### YOUR ASSIGNMENT
Each line from the one containing "6. Allen Wrench 4mm" through the final line of the data below must be repeated exactly.

Records from a dataset:
=== Begin Enclosure ===

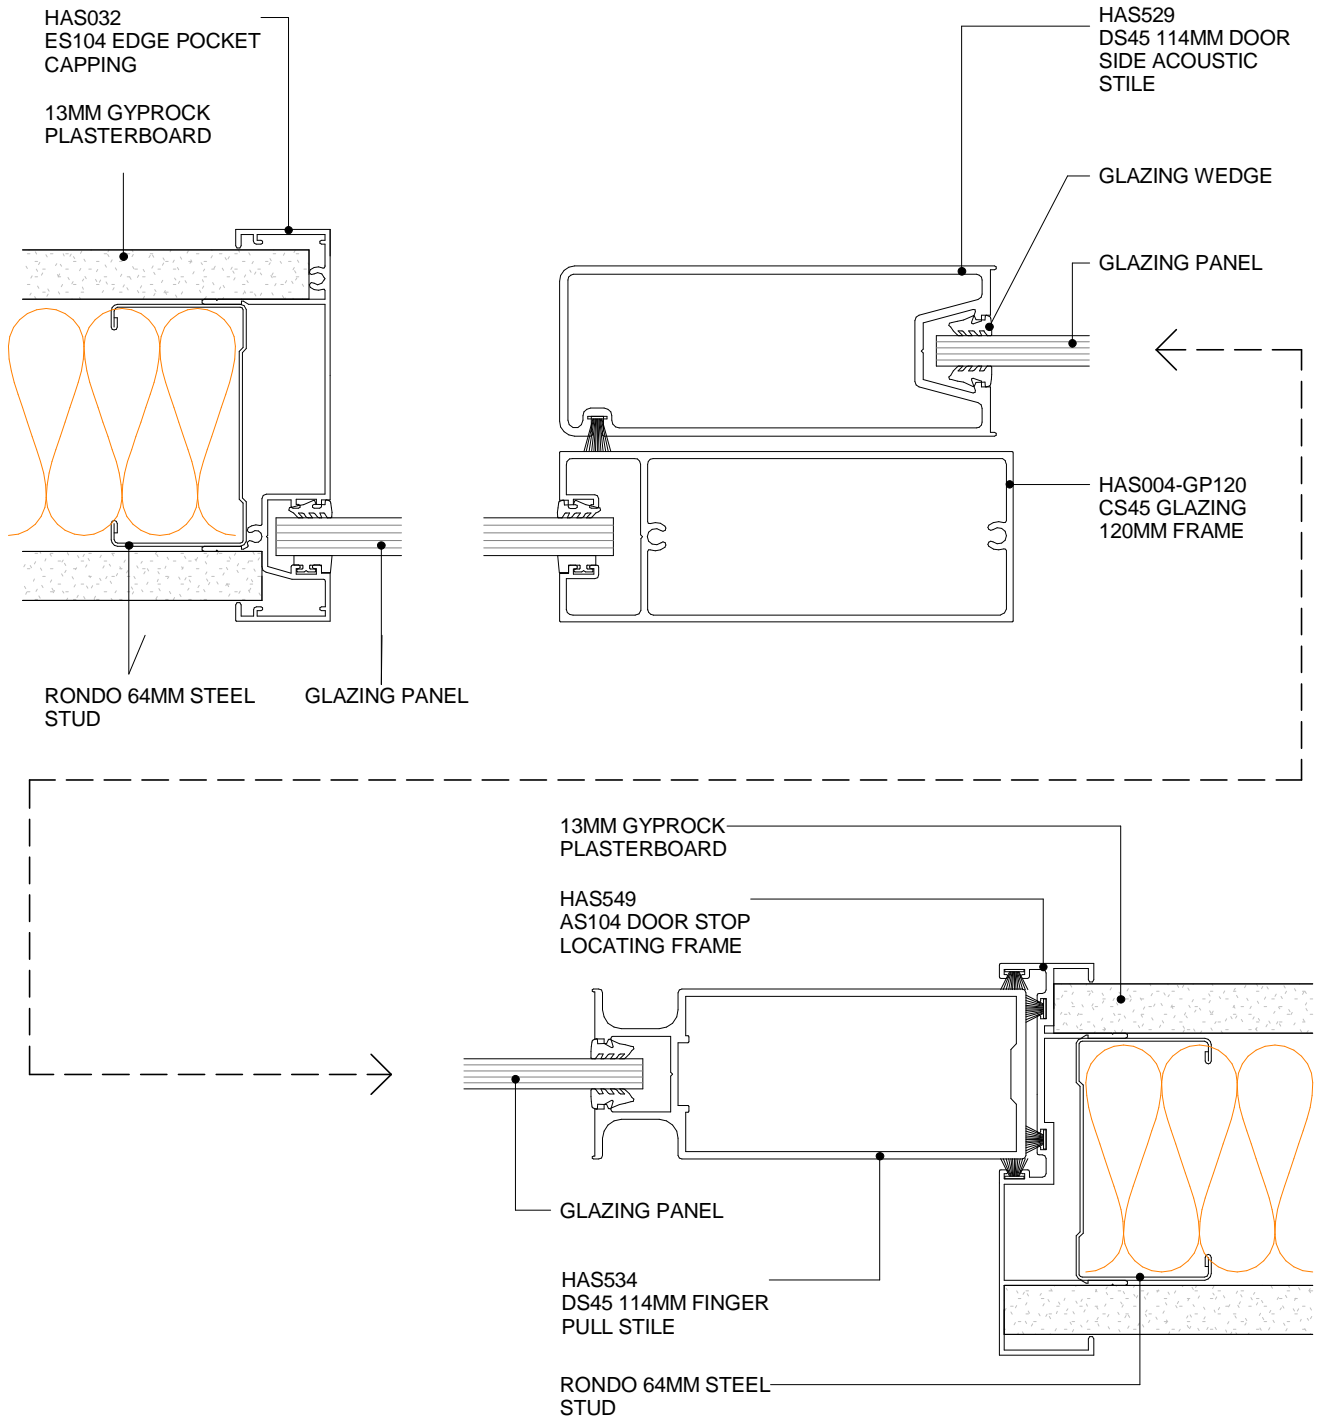

## INTERIOR SYSTEMS

### HIMMEL ALUMINIUM SYSTEMS DS45 SERIES - SLIDER 114MM DOOR STILE TYPE 1 PLAN VIEW

**9.6.2**  
SHEET

1 : 2 @ A4  
SCALE

30/07/19  
ISSUED DATE

WWW.HIMMEL.COM.AU  
SUBJECT TO CHANGE WITHOUT NOTICE
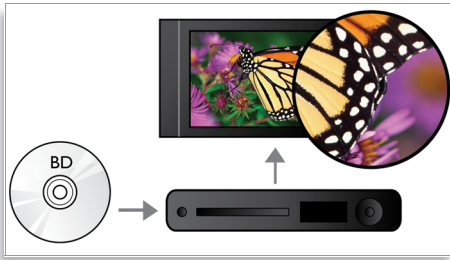

Hear more

- Dolby TrueHD and DTS-HD MA for HD 7.1 surround sound

Engage more

- USB 2.0 plays video/music from USB flash/hard disk drive
- BD-Live (Profile 2.0) to enjoy online Blu-ray bonus content
- Enjoy all your movies and music from CDs and DVDs
- EasyLink to control all HDMI CEC devices via a single remote

PHILIPS
sense and simplicity

Highlights

Blu-ray Disc playback

Blu-ray Discs have the capacity to carry high definition data, along with pictures in the 1920 x 1080 resolution that defines full high definition images. Scenes come to life as details leap at you, movements smoothen and images turn crystal clear. Blu-ray also delivers uncompressed surround sound — so your audio experience becomes unbelievably real. The high storage capacity of Blu-ray Discs also allows a host of interactive possibilities to be built in. Seamless navigation during playback and other exciting features such as pop-up menus bring a whole new dimension to home entertainment.
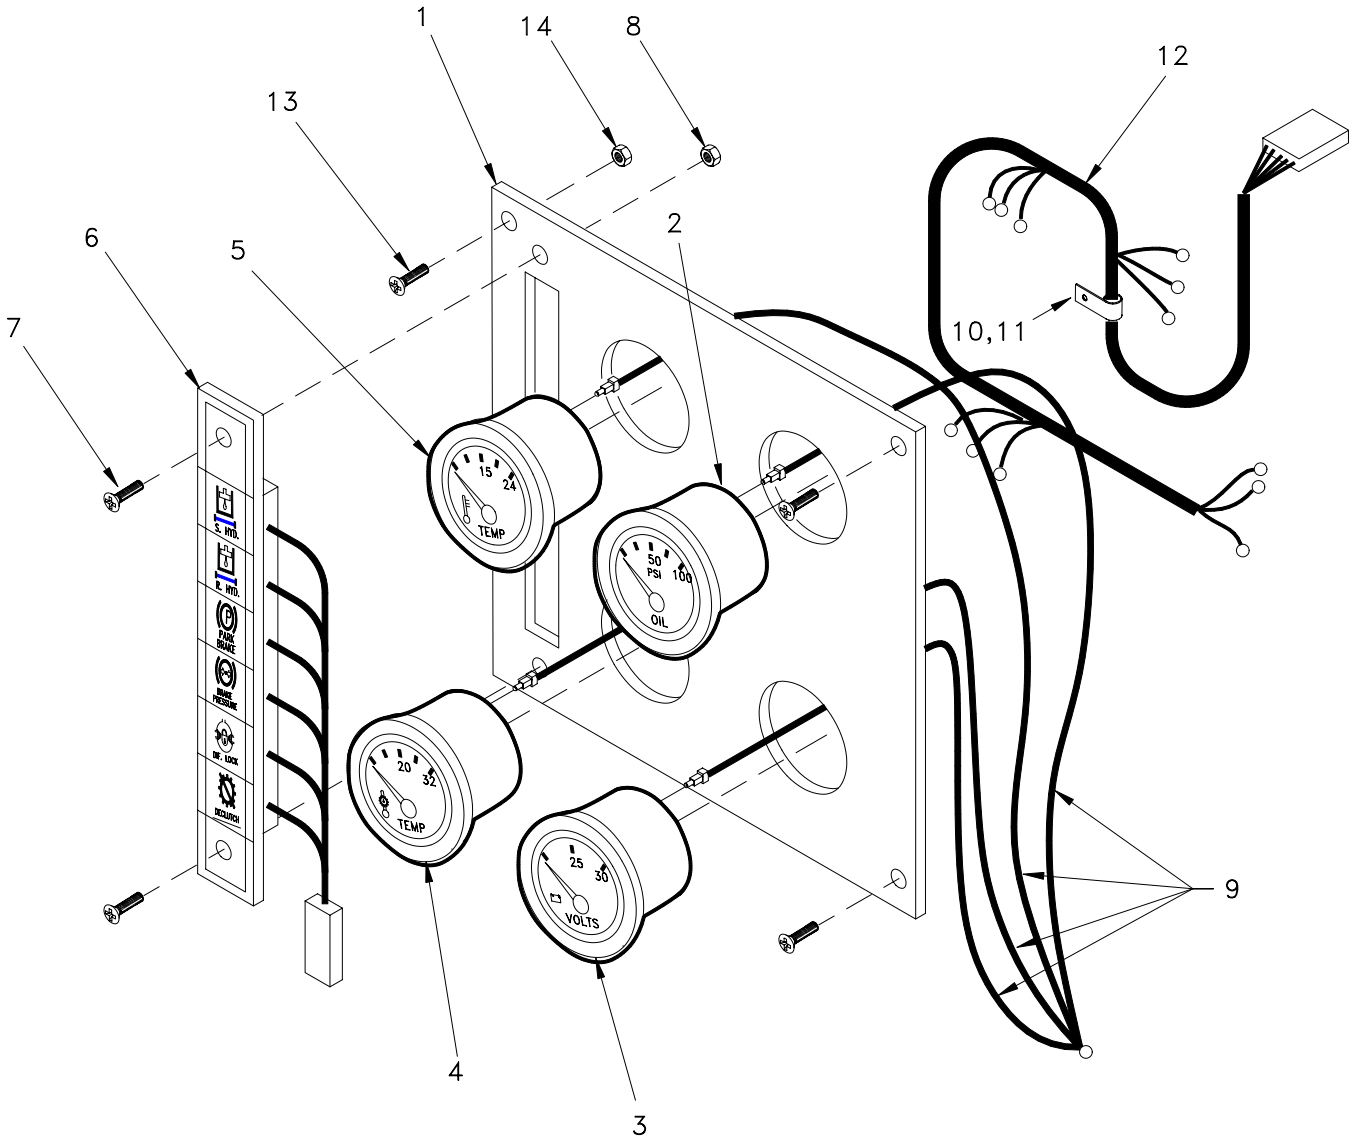

Instrument Panel Assembly

Item	Part No.	Qty	Description	Item	Part No.	Qty	Description
1	R13747	1	. Panel	8	R13803445	1	. Nut
2	236407	1	. Oil Pressure Gauge	9	R13768	4	. Light Assembly
3	236403	1	. Voltmeter Gauge	10	R13769	1	. Bulb and Socket
4	R13749	1	. Converter Temperature Gauge	11	200499	1	. Clamp
5	236402	1	. Water Temperature Gauge	12	R13122	1	. Washer
6	R13746	1	. Light Strip	13	R13752	1	. Wire Harness
	236676	6	. Light Bulb	14	R189007	4	Cap screw
7	R13767	1	. Screw		233880	4	Nut
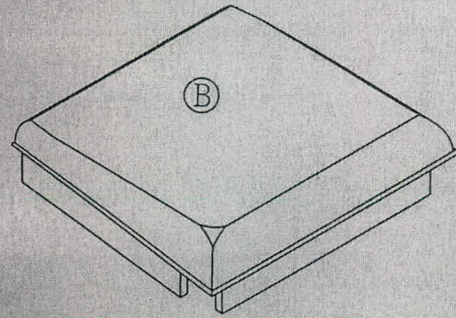

ASSEMBLY INSTRUCTIONS

DINING CHAIRS

PARTS

Chair Back 2 pcs

Chair Seat 2 pcs

Chair Leg 4 pcs

HARDWARE

1. Bolt 1/4"x 75mm
8pcs

2. Bolt 1/4"x 60mm
8pcs

3. Bolt 1/4"x 38mm
6pcs

4. Spring Washer 1/4"
22pcs

5. Lock Washer 1/4"x 19
22pcs

6. Allen Wrench 4mm
1 pc

STEP-1

- 1.  4 pcs
- 3.  3 pcs
- 4.  7 pcs
- 5.  7 pcs

STEP-2

=== End Enclosure ===

### RESULT BELOW
6. Allen Wrench 4mm
1 pc

STEP-1

- 1.  4 pcs
- 3.  3 pcs
- 4.  7 pcs
- 5.  7 pcs

STEP-2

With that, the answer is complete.